WORK INSTRUCTION: Every record should be copied exactly, and the images omitted.

Dataset records:
━━━━━━━━━━━━━━━━
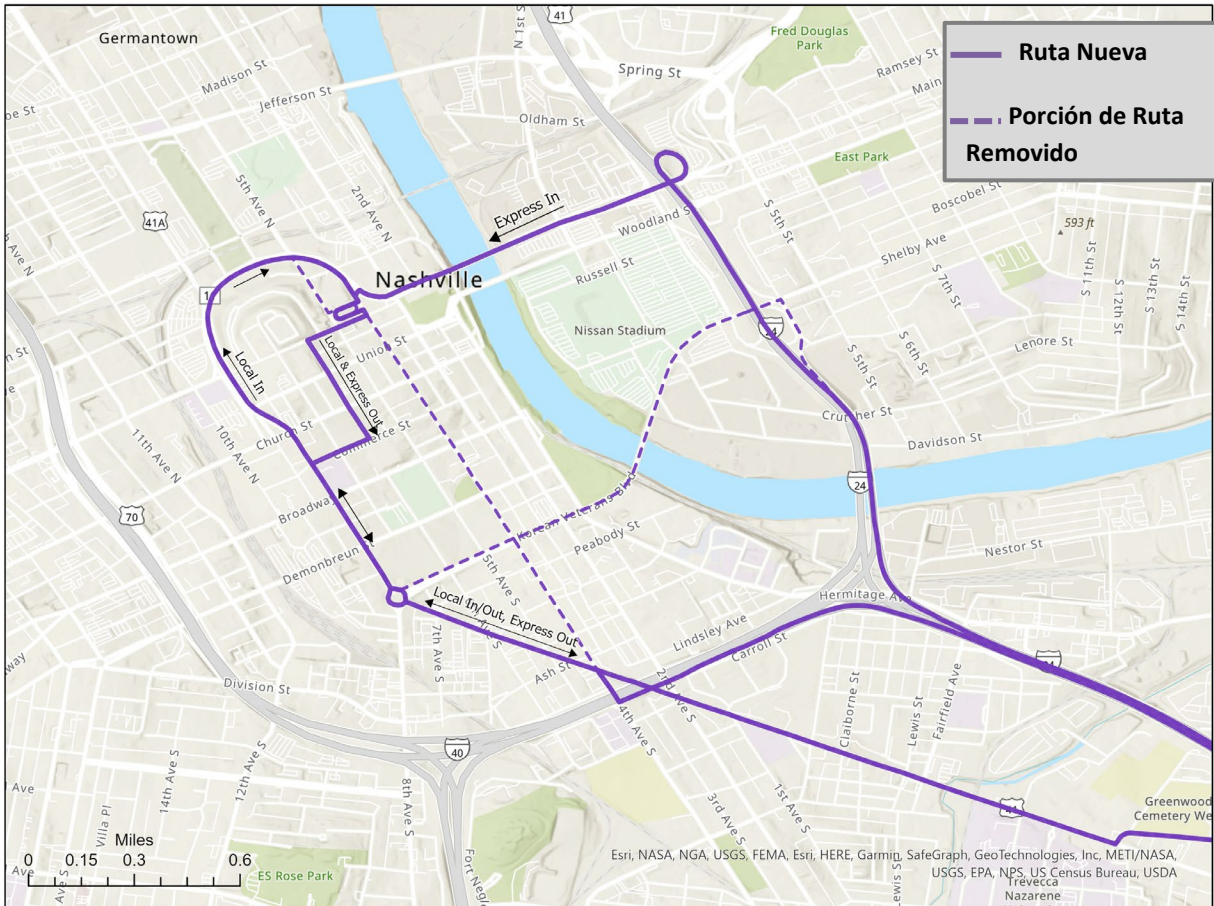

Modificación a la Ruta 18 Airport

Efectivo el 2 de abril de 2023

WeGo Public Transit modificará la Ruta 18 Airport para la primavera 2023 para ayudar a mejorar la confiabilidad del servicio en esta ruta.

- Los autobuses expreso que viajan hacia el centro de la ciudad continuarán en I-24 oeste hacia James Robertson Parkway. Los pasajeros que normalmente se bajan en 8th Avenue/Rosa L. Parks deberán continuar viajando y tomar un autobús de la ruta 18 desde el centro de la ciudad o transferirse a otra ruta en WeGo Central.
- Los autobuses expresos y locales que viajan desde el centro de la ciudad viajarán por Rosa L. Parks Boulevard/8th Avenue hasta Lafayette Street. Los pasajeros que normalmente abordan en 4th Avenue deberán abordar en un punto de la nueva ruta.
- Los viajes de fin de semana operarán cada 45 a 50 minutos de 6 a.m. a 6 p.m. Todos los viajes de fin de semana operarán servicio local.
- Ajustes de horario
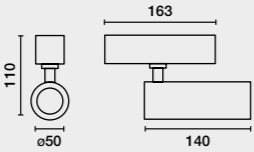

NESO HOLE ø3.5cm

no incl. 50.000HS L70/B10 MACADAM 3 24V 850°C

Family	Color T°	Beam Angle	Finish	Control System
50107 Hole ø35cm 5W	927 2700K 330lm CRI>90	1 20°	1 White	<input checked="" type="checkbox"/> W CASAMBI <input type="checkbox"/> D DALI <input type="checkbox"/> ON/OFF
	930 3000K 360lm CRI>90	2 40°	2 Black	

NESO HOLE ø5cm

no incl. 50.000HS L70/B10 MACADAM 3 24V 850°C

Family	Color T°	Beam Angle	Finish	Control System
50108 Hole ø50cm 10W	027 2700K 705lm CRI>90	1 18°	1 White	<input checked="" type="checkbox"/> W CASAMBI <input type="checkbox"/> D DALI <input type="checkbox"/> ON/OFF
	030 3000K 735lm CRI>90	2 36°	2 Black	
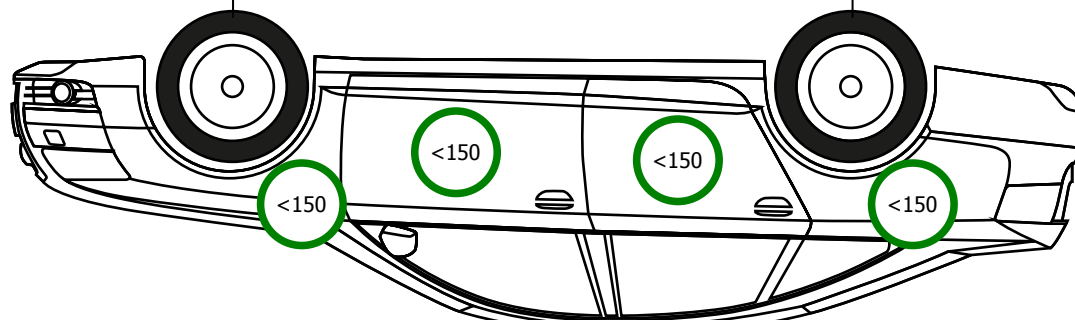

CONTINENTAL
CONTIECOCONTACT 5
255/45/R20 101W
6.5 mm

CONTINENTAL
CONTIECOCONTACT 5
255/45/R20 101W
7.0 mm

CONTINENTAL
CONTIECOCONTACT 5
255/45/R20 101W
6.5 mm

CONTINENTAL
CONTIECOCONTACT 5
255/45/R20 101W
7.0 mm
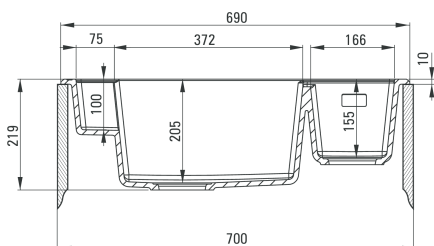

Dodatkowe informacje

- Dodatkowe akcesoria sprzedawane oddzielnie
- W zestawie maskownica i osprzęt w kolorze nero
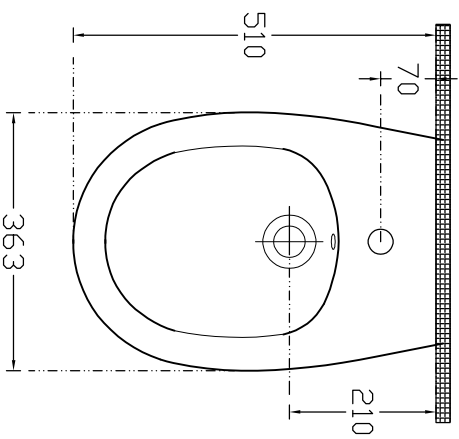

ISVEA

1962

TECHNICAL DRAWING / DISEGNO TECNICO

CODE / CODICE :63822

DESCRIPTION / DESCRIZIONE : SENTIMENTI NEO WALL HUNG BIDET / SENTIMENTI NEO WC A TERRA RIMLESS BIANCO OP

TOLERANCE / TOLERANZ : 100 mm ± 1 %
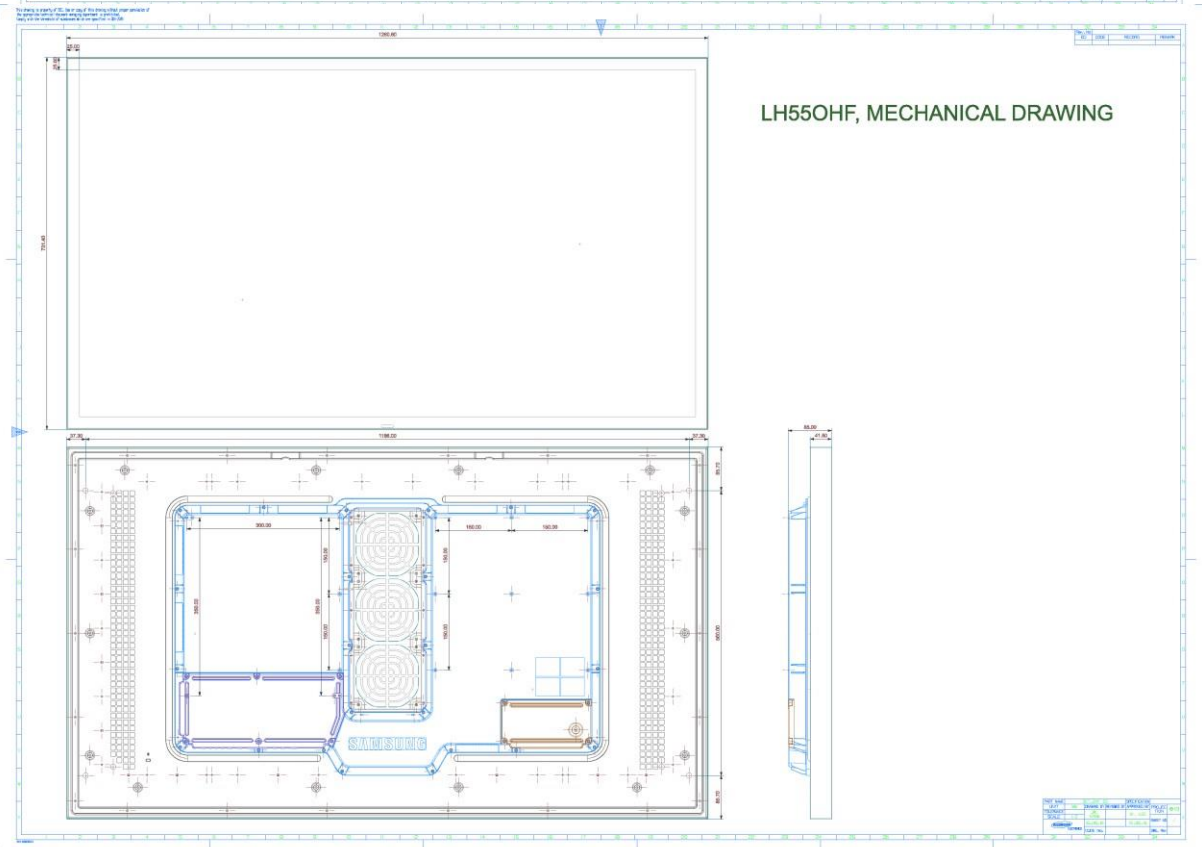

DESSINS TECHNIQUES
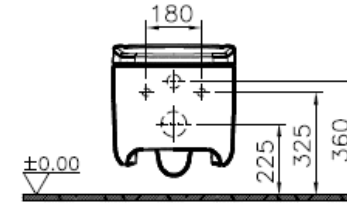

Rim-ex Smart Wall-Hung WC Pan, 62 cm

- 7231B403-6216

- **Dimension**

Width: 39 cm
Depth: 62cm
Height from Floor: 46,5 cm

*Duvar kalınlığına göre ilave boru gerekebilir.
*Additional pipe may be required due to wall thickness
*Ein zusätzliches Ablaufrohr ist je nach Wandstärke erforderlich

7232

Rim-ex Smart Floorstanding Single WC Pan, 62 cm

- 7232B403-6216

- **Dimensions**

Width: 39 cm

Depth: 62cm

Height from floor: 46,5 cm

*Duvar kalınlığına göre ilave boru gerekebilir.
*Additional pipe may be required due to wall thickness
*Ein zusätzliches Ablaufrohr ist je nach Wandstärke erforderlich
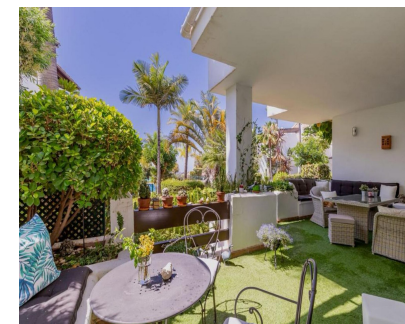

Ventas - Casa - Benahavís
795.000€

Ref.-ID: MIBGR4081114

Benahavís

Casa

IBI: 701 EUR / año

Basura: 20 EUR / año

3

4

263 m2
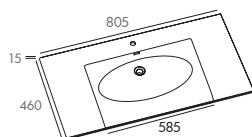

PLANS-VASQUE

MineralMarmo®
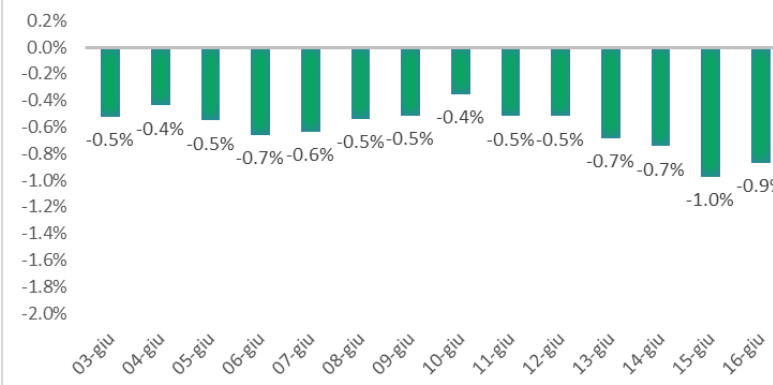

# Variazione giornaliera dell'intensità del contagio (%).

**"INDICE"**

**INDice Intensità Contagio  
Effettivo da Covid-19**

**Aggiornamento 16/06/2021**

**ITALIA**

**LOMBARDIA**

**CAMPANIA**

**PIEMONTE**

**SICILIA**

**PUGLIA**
━━━━━━━━━━━━━━━━
EXPECTED OUTPUT:
Modificación a la Ruta 18 Airport

Efectivo el 2 de abril de 2023

WeGo Public Transit modificará la Ruta 18 Airport para la primavera 2023 para ayudar a mejorar la confiabilidad del servicio en esta ruta.

- Los autobuses expreso que viajan hacia el centro de la ciudad continuarán en I-24 oeste hacia James Robertson Parkway. Los pasajeros que normalmente se bajan en 8th Avenue/Rosa L. Parks deberán continuar viajando y tomar un autobús de la ruta 18 desde el centro de la ciudad o transferirse a otra ruta en WeGo Central.
- Los autobuses expresos y locales que viajan desde el centro de la ciudad viajarán por Rosa L. Parks Boulevard/8th Avenue hasta Lafayette Street. Los pasajeros que normalmente abordan en 4th Avenue deberán abordar en un punto de la nueva ruta.
- Los viajes de fin de semana operarán cada 45 a 50 minutos de 6 a.m. a 6 p.m. Todos los viajes de fin de semana operarán servicio local.
- Ajustes de horario

NESO HOLE ø3.5cm

no incl. 50.000HS L70/B10 MACADAM 3 24V 850°C

Family	Color T°	Beam Angle	Finish	Control System
50107 Hole ø35cm 5W	927 2700K 330lm CRI>90	1 20°	1 White	<input checked="" type="checkbox"/> W CASAMBI <input type="checkbox"/> D DALI <input type="checkbox"/> ON/OFF
	930 3000K 360lm CRI>90	2 40°	2 Black	

NESO HOLE ø5cm

no incl. 50.000HS L70/B10 MACADAM 3 24V 850°C

Family	Color T°	Beam Angle	Finish	Control System
50108 Hole ø50cm 10W	027 2700K 705lm CRI>90	1 18°	1 White	<input checked="" type="checkbox"/> W CASAMBI <input type="checkbox"/> D DALI <input type="checkbox"/> ON/OFF
	030 3000K 735lm CRI>90	2 36°	2 Black	

CONTINENTAL
CONTIECOCONTACT 5
255/45/R20 101W
6.5 mm

CONTINENTAL
CONTIECOCONTACT 5
255/45/R20 101W
7.0 mm

CONTINENTAL
CONTIECOCONTACT 5
255/45/R20 101W
6.5 mm

CONTINENTAL
CONTIECOCONTACT 5
255/45/R20 101W
7.0 mm

Dodatkowe informacje

- Dodatkowe akcesoria sprzedawane oddzielnie
- W zestawie maskownica i osprzęt w kolorze nero

ISVEA

1962

TECHNICAL DRAWING / DISEGNO TECNICO

CODE / CODICE :63822

DESCRIPTION / DESCRIZIONE : SENTIMENTI NEO WALL HUNG BIDET / SENTIMENTI NEO WC A TERRA RIMLESS BIANCO OP

TOLERANCE / TOLERANZ : 100 mm ± 1 %

DESSINS TECHNIQUES

Rim-ex Smart Wall-Hung WC Pan, 62 cm

- 7231B403-6216

- **Dimension**

Width: 39 cm
Depth: 62cm
Height from Floor: 46,5 cm

*Duvar kalınlığına göre ilave boru gerekebilir.
*Additional pipe may be required due to wall thickness
*Ein zusätzliches Ablaufrohr ist je nach Wandstärke erforderlich

7232

Rim-ex Smart Floorstanding Single WC Pan, 62 cm

- 7232B403-6216

- **Dimensions**

Width: 39 cm

Depth: 62cm

Height from floor: 46,5 cm

*Duvar kalınlığına göre ilave boru gerekebilir.
*Additional pipe may be required due to wall thickness
*Ein zusätzliches Ablaufrohr ist je nach Wandstärke erforderlich

Ventas - Casa - Benahavís
795.000€

Ref.-ID: MIBGR4081114

Benahavís

Casa

IBI: 701 EUR / año

Basura: 20 EUR / año

3

4

263 m2

PLANS-VASQUE

MineralMarmo®

# Variazione giornaliera dell'intensità del contagio (%).

**"INDICE"**

**INDice Intensità Contagio  
Effettivo da Covid-19**

**Aggiornamento 16/06/2021**

**ITALIA**

**LOMBARDIA**

**CAMPANIA**

**PIEMONTE**

**SICILIA**

**PUGLIA**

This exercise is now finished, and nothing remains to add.